Ik was bijna ooggetuige van één van die verschrikkelijke daden die enkel in een slavenland kunnen voorvallen. Wegens een ruzie en een rechtszaak, was de eigenaar van het landgoed tot op het punt gekomen waar hij al de vrouwen en kinderen van de mannelijke slaven wou wegnemen, om ze op de publieke markt in Rio te verkopen. Puur eigenbelang, en absoluut geen gevoel van compassie, voorkwam deze daad. Dat was Rio op 14 april 1832, volgens het dagboek van Charles Darwin (The Voyage of the Beagle).
Wees gerust, er is veel veranderd in 170 jaar. Maar bijna hadden we het niet met onze eigen ogen kunnen zien want, wat de kapitein met zoveel lyrische zwier had aangekondigd – de Sail-in van de baai van Rio de Janeiro – werd een regelrechte flop.
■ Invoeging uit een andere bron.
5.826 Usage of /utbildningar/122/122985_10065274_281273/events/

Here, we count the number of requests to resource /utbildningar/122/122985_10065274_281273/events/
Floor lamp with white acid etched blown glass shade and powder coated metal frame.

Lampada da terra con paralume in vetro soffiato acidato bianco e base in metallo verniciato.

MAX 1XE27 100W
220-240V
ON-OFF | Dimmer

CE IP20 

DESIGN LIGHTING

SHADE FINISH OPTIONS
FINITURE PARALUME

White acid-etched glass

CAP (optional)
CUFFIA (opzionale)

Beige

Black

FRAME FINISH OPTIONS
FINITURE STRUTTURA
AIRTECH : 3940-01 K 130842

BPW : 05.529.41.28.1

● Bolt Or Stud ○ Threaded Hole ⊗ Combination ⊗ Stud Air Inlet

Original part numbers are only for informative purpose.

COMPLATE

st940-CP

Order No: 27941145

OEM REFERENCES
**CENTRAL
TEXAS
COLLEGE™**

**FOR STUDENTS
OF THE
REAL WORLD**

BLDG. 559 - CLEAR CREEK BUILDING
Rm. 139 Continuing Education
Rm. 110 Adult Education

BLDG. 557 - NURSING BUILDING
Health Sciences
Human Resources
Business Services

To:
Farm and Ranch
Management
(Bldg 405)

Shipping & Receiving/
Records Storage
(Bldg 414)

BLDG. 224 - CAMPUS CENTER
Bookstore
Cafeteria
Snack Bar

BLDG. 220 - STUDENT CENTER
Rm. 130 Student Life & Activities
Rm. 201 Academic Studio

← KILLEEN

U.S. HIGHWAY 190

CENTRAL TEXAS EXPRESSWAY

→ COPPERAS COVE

De haven was vanmorgen tot na zeven uur gesloten wegens dichte mist. Reeds om zes uur waren een heleboel mensen komen opdagen, verspreid over al de open dekken om Rio bij zonsopgang achter de horizon te zien opduiken. Een uur en vijftien minuten heb ik op het bovenstaande dek gestaan, met een bijna lege maag maar met de camera in aanslag. IJsberen in een tropische omgeving.
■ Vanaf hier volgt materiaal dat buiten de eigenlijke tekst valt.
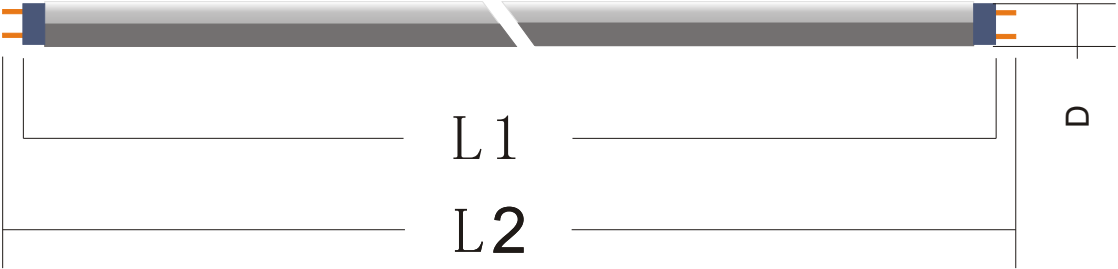

Specifications

1. Energy saving high power LED light to replace the conventional CFL bulb
2. Power efficiency: 89%
3. LED source: 3528 SMD LED
4. Operation temperature: 0-40 °C .
5. Input voltage: 100-240VAC
6. Color temperature:
 - 1) Cold white: 5500~6700K
 - 2) Natural white: 4000~5000K
 - 3) Warm white: 2700~3500K
7. Lumen: 70-90lm/W

Product Specification

		120CM	90CM	60CM
L1		1202	893	592
L2		1216	907	606
T8	D	26	26	26
T10		30	30	30

Unit: mm

Light Distribution Curve

Temperature

NSLFL is designed for operation in all energy saving lamp installations: in open fixtures to ensure long-life .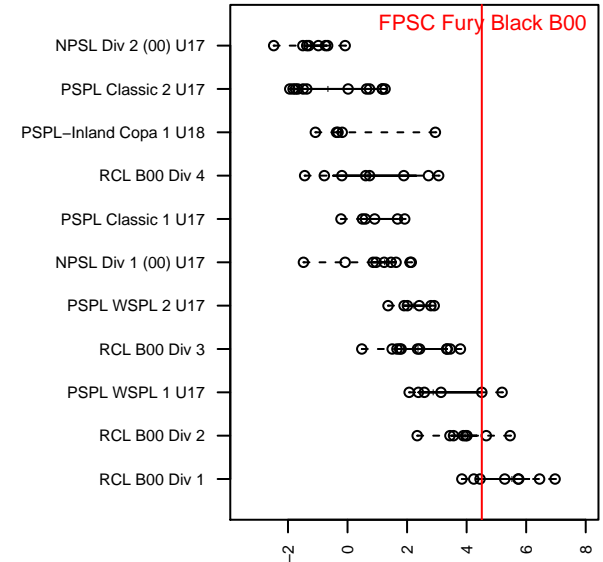

FPSC Fury Black B00

Franklin Pierce SC
 Tacoma, WA
 B00 total strength=1741
 attack=30.63 defense=22.28
 fall league = PSPL WSPL 1 U17

alt names used:
 FPSC FURY B00 BLACK
 FPSC Fury B00 Black
 FPSC FURY B00 BLACK (WA)
 FPSC Fury B00 Black
 FPSC Fury B00 Black
 FPSC FURY B00 BLACK (WA)

**attack and defense variance (black dot)
relative to other teams
and top 10 in region**

**attack and defense rating
relative to others at age
and all opponents in last 13 months**

Performance relative to 13 month average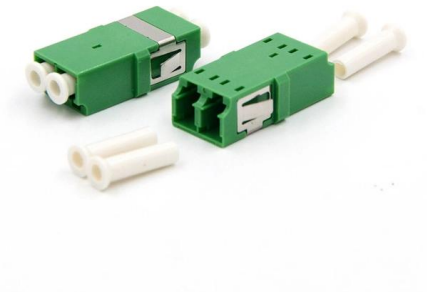

A Usefull Guide to LED Screen Cabinet: Types,

A full guide about LED screen cabinets, the basic knowledge, benefits, and how to choose an LED screen cabinet for LED display.

How to Connect Indoor LED Display Cabinets Signal & Power Linking

Structured Cabling Home Design Guide

The telephone service panel offers a method of connecting and patching telephone lines within the home cabling system cabinet allowing the use of a single microfilter for the whole system.

Het was dus allemaal een maat voor niets: de zon ging op zonder zich te tonen, het werd licht zonder kleur, en de fabelachtige baai met zijn feeërieke stad verscholen zich in een kleurenpalet met alle mogelijke tinten van grijs – een afknapper, zonder meer. Rond half acht mochten we uiteindelijk onze niet zo blijde intocht verder zetten, en naarmate de trage tijd verstreek trok de mist wat op, doch niet in die mate dat de omgeving herkenbaar werd. Het werd uiteindelijk half tien voor we goed en wel aangemeerd waren.
De gidsen vertelden ons dat we van geluk mochten spreken want de hitte was vandaag eindelijk “gebroken”, in plaats van 38°C was het slechts 28°C. Op mijn programma stond: “Rio by Land & by Air”. Toen we vertrokken had ik al terug honger. Het zou een lange dag worden want lunch was niet voorzien! We bezochten de “niet te missen” hoogtepunten van Rio: het Suikerbrood, de beroemde stranden (Copacabana, Ipanema, Flamengo en Botafogo – de laatste twee zijn ook voetbalploegen!) en één van de “Nieuwe Wereldwonderen”, namelijk het standbeeld van Christus Redemptor. (Ik zou niet weten hoe dat in het Vlaams moet vertaald worden). Met een rammelende maag kroop ik “s namiddags in de helikopter, samen met vier andere avonturiers. Gelukkig had de zon zich een weg gebrand door de nevels zodat de omgeving al wat kleur had gekregen (echt helder zou het vandaag niet worden).
Wat mij betreft is Rio in de eerste plaats een landschapsstad: de natuur – bergen, stranden, lagunes, de baai, een bos van 32km² in het midden van de stad en omringende oceaan – maakt van dit stedelijk gebied een uniek en betoverend geheel. De helikopter bleek uiteindelijk hèt vervoermiddel bij uitstek te zijn om deze parel van alle kanten te bekijken: het was een schitterende ervaring die zich, spijtig genoeg, niet makkelijk laat vertalen in even schitterende foto’s, maar de herinnering – per se ondeelbaar – zal altijd koesteren.
Bij de terugkeer naar het schip voelde ik me afgepeigerd, een combinatie van de zonnige hitte en de lege maag. Toch heb ik ervoor gezorgd dat ik zo veel mogelijk dames op Copacabana heb gefotografeerd, zodat al de lezers zich kunnen verkneukelen aan de geneugten van de spreekwoordelijke lichaamscultuur van de Rionezen!
Prinsendam, maandag 31 januari 2011
Een nachtje slapen zonder schommelen, dat is eens wat anders!